◆ **Description of the task**
Which lines of the entries below contain the string "nique"? Copy each one.
○ ○ ○ ○ ○
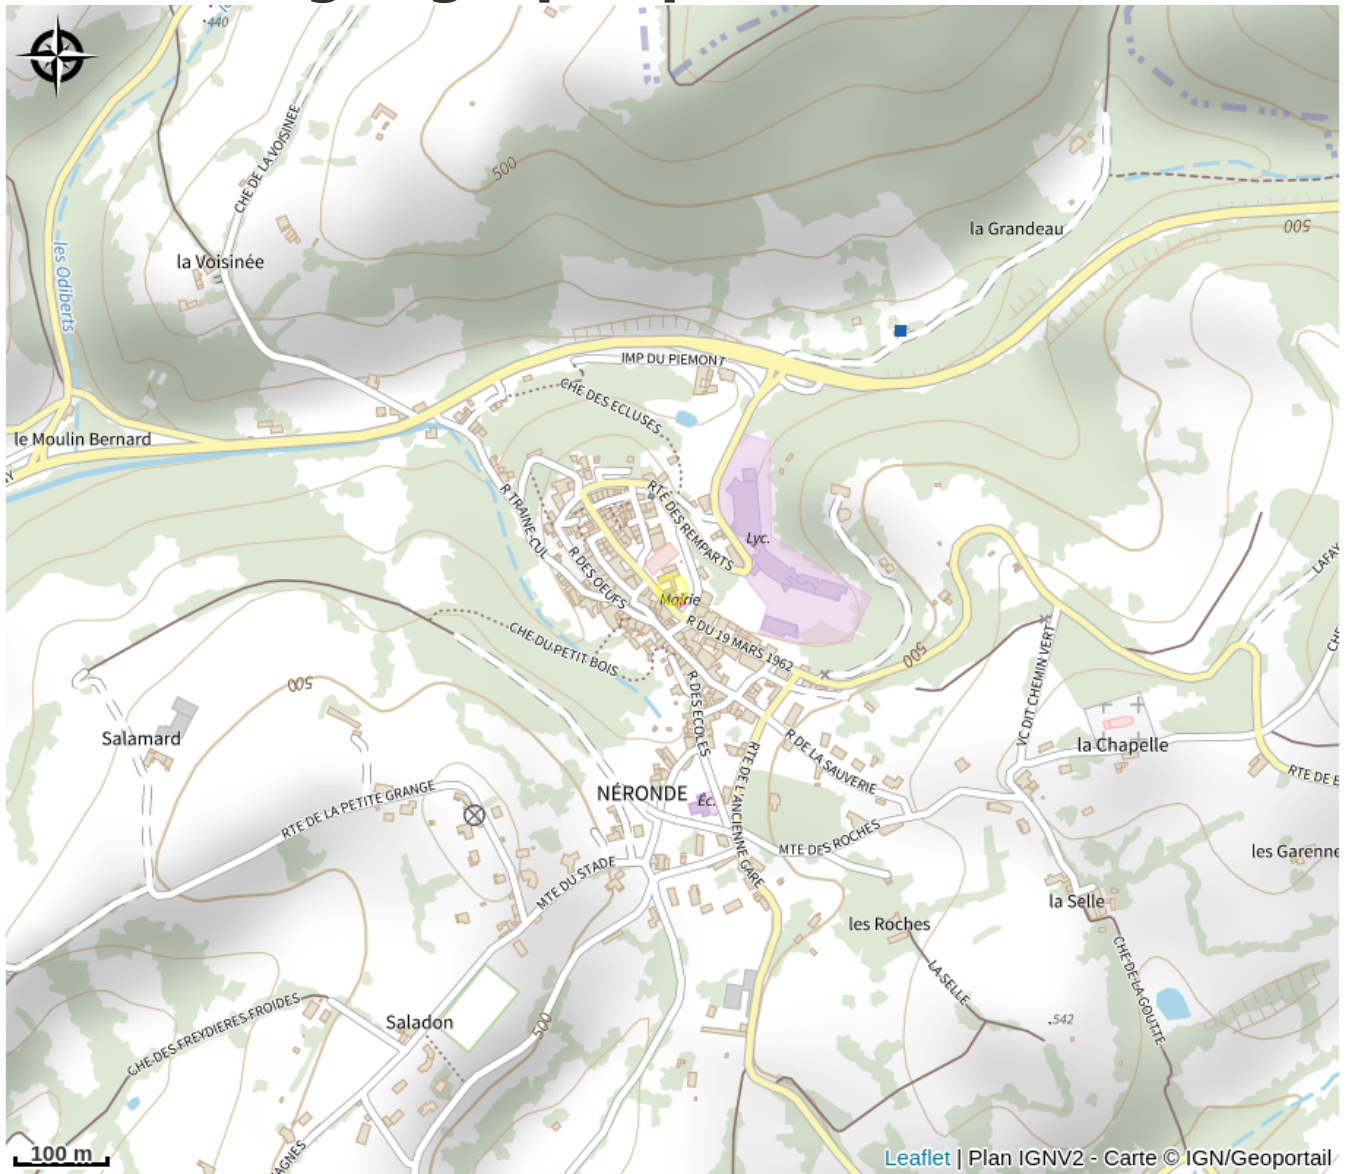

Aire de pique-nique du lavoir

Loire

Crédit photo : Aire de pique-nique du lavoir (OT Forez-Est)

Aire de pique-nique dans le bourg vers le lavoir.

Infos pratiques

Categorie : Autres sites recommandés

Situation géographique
○ ○ ○ ○ ○
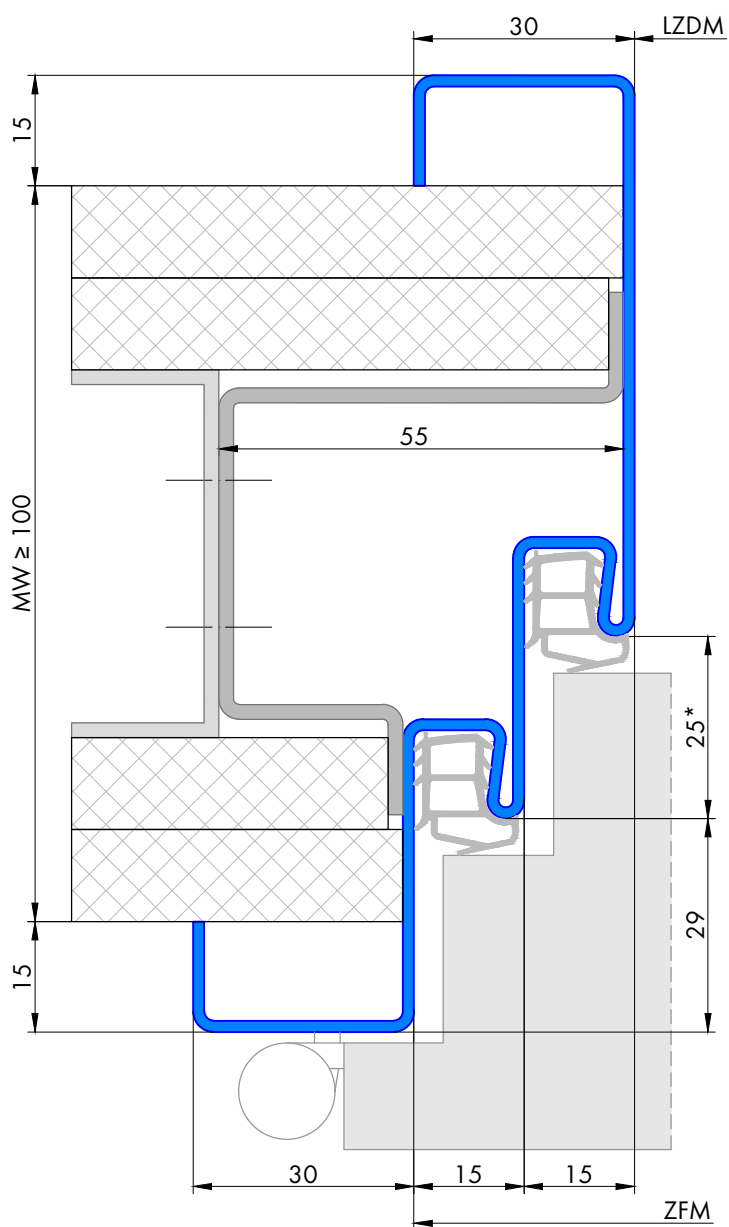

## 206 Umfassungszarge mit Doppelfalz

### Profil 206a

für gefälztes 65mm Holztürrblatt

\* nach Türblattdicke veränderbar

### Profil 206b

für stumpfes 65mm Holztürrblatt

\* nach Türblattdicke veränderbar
○ ○ ○ ○ ○
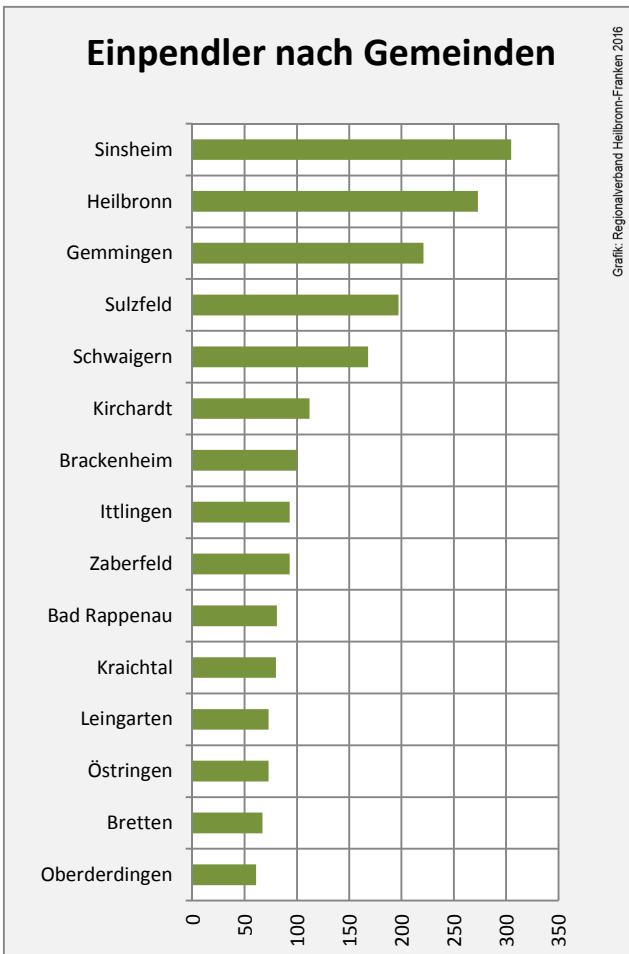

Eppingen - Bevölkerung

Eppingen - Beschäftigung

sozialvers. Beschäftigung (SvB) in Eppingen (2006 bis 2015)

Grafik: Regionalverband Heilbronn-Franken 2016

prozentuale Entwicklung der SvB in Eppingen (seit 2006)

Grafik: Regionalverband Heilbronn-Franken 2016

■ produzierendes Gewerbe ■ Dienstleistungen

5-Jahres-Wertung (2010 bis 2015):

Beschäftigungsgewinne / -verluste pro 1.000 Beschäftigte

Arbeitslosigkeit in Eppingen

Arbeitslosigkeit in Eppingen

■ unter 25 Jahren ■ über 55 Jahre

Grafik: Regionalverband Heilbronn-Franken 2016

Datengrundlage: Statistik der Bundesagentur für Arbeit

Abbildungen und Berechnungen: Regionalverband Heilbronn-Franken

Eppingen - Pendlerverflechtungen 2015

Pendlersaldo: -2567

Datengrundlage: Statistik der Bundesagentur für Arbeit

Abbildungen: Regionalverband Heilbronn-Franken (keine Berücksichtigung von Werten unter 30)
○ ○ ○ ○ ○
◆ **Response below**
Aire de pique-nique du lavoir
Crédit photo : Aire de pique-nique du lavoir (OT Forez-Est)
Aire de pique-nique dans le bourg vers le lavoir.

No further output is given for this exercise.